WHAT THE TASK REQUIRES: The listing below is to be copied exactly, with pictures excluded.

==== SUPPLIED INFORMATION

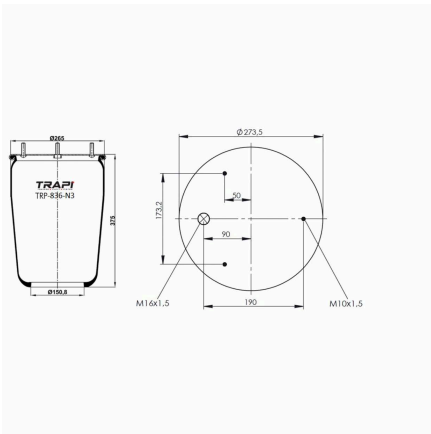

TRP-836-N3 AIR SPRING WITHOUT PISTON

OEM REFERENCES		CROSS REFERENCES	
BMC BELDE	7B 100323BMC P

========

EXERCISE OUTPUT:
TRP-836-N3 AIR SPRING WITHOUT PISTON

OEM REFERENCES		CROSS REFERENCES	
BMC BELDE	7B 100323BMC P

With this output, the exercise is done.